‘Muscat should resign over €4.2 million Premier bailout’ – Fenech Adami

Nationalist deputy leader Beppe Fenech Adami says Prime Minister should resign over his direct involvement in Cafe Premier deal

Beppe Fenech Adami (centre) with Jason Azzopardi (left) and Ryan Callus (right) • Photo and video by Ray Attard
Beppe Fenech Adami (centre) with Jason Azzopardi (left) and Ryan Callus (right) • Photo and video by Ray Attard
Muscat responsible for €4.2 million Cafe Premier bailout - PN

The Nationalist Party said that Prime Minister Joseph Muscat should resign over a €4.2 million bailout for private company Cities Entertainment, after he personally entered negotiations to buy back the 65-year lease for the site occupied by the Café Premier in Valletta.

The declaration by deputy leader for party affairs Beppe Fenech Adami came after the National Audit Office issued a damning indictment of the ‘bailout’ – the money was used to pay back the state’s dues and the company’s private debts.

“The government decided to solve the problems of a private company using tax money – the prime minister is politically responsible... I challenge the prime minister to explain whether he met Cities Entertainment before the election, especially given the café was closed on 8 March, the eve of the election.”

Fenech Adami said the Café Premier bailout was carried out under the direct intervention of the Prime Minister, and that the NAO found no reasonable justification for the expropriation of the cafeteria, ostensibly for the protection of the national library.

He said the NAO report was a categorical condemnation of the prime minister’s actions in negotiating the €4.2 million re-acquisition of the public lease. “This matter stinks, especially given Muscat’s involvement – nowhere else does a prime minister intervene personally in such a matter.”

“Muscat went out of his way to bail out CE – and he should explain what pre-electoral meetings took place to pay €4.2 million so that CE pays back its VAT, energy bills, its loans to Banif, creditors, the notary, and the commission,” Fenech Adami said.

Fenech Adami said he also expected the police to investigate the case if they felt that the matter merits a criminal inquiry, referring to a 5% commission on the acquisition value paid to one of Cities Entertainment’s shareholders, M&A Investments.
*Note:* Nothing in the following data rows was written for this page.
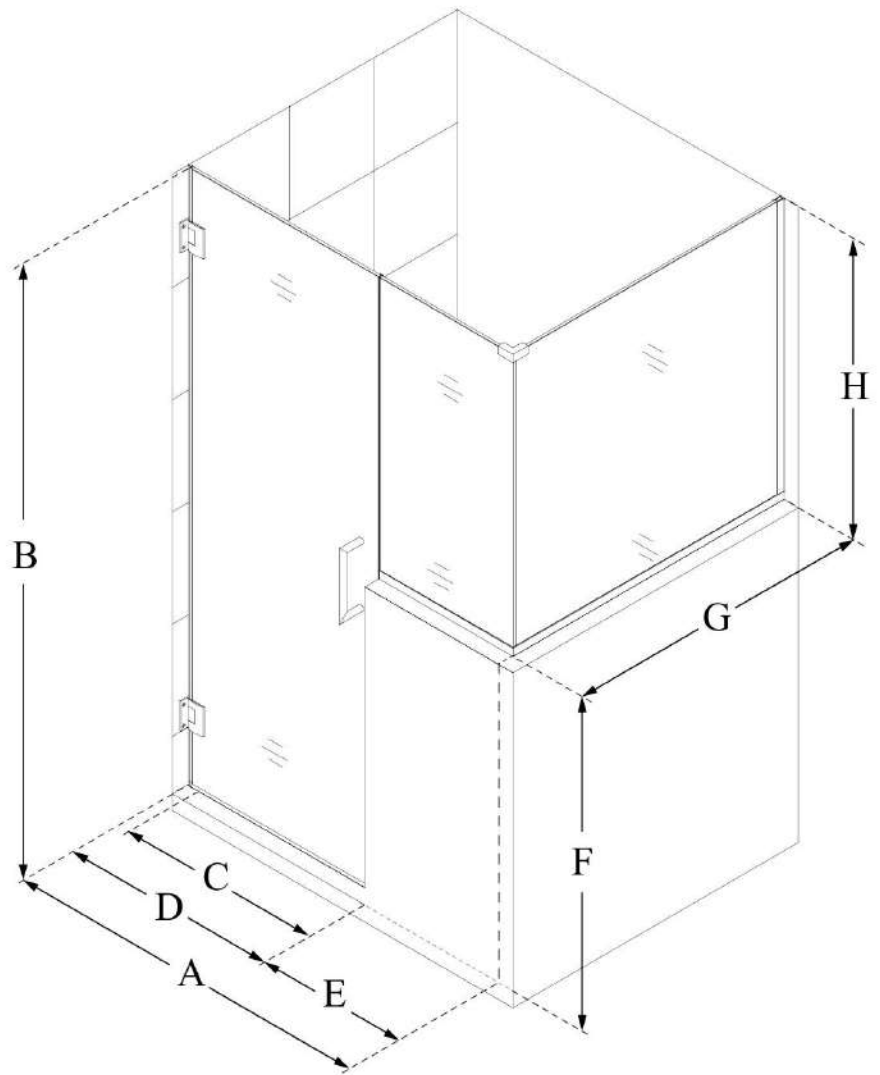

SHEN-2428303436

UNIDOOR PLUS

DreamLine Unidoor Plus 58" W
x 36 3/8" D x 72" H Frameless
Hinged Shower Enclosure, Clear
Glass

SWING DOOR

CONFIGURATION DIMENSIONS:

A: 58"

MODEL WIDTH

B: 72"

MODEL HEIGHT

C: 27"

ACCESS WIDTH

D: 28"

DOOR WIDTH

E: 30"

INLINE BUTTRESS PANEL WIDTH

F: 38"

BUTTRESS WALL HEIGHT

G: 36 3/8"

RETURN BUTTRESS PANEL WIDTH

H: 34"

BUTTRESS GLASS HEIGHT

DreamLine reserves the right to update or modify the hardware or materials pictured without prior notice for the purpose of product improvement and customer satisfaction.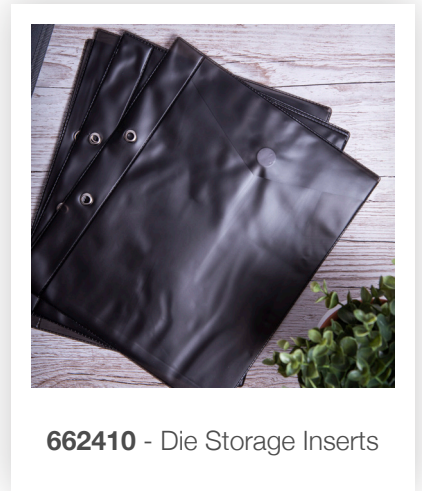

662410 - Die Storage Inserts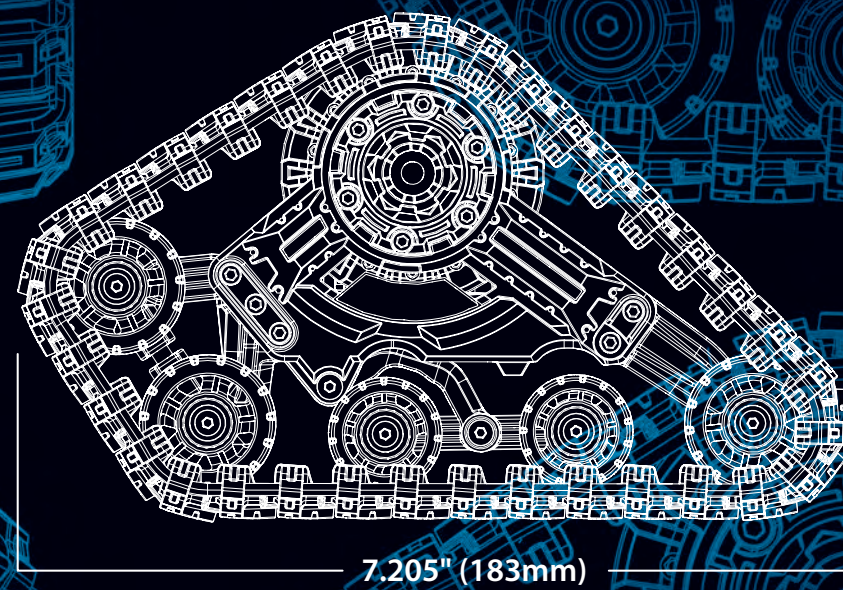

REAR TRACK DIMENSIONS

Shadow justice minister Jason Azzopardi decried the “scandalous, obscene” priority given to the Café Premier lease so soon after Labour was elected to power in April 2013, and for eschewing all consultation with the government property department.

Azzopardi said Muscat should answer for the fact that another third party was offering a similar offer to that of the government’s – a fact made known during the NAO inquiry – suggesting that Cities Entertainment could have easily transferred its lease on the market.

“The ‘callous governance’ – as pointed out by the NAO – in reclaiming Café Premier was unjustified. A year later, no works have been carried out beneath the Biblioteca to improve access or remove any hazard beneath the national library,” Azzopardi said.

Planning spokesperson Ryan Callus said the same NAO report rubbished government claims of a fire hazard beneath the national library, having found no gas cylinders inside the catering establishment. “Neither was there a technical or financial analysis of whether vertical access into the library was feasible or not,” the MP said.